TASK BRIEF: I need the number of lines in the listing below that contain "cutout", and only that number.

--

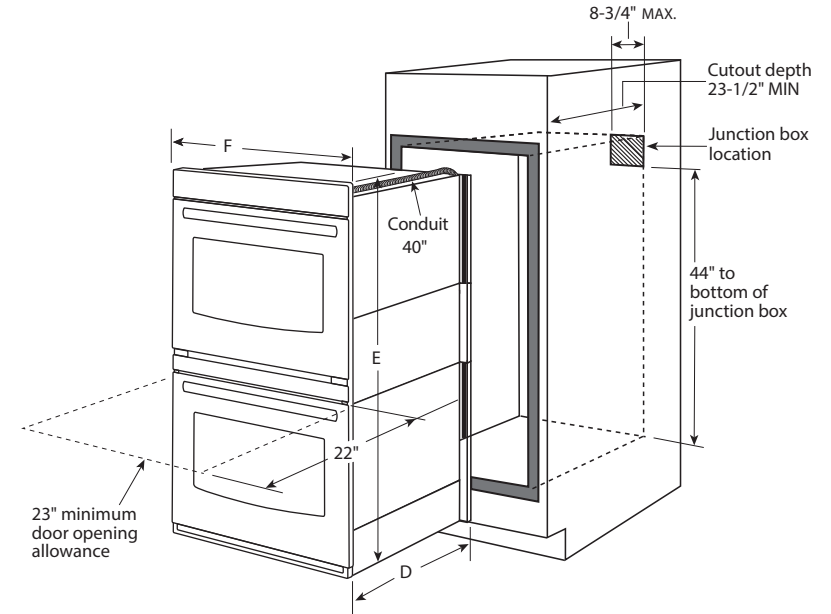

JK3500SF

GE 27" Built-In Double Wall Oven

DIMENSIONS AND INSTALLATION INFORMATION (IN INCHES)

NOTE: Cabinets installed adjacent to wall ovens must have an adhesion spec of at least a 194°F temperature rating.

Note: If marks, blemishes or the cutout opening is visible above the installed oven, it may be necessary to add wood shims under the runners and front trim until the marks or openings are covered.

NOTE: Door handle protrudes 3" from door face. Cabinets and drawers on adjacent 45° and 90° walls should be placed to avoid interference with the handle.

KW RATING	
240V	7.2
208V	5.4
BREAKER SIZE	
240V	30 Amps
208V	30 Amps

JK3500	
Cabinet	27"
A - Overlap of oven at top of cutout	1"
B - Overlap of oven over side of edges of cutout	1"
C - Overlap of oven at bottom of cutout	1"
Oven	
D - Install depth	23-1/2"
E - Overall height with trim	51-1/8"
F - Overall width	26-3/4"

--

EXPECTED OUTPUT: 4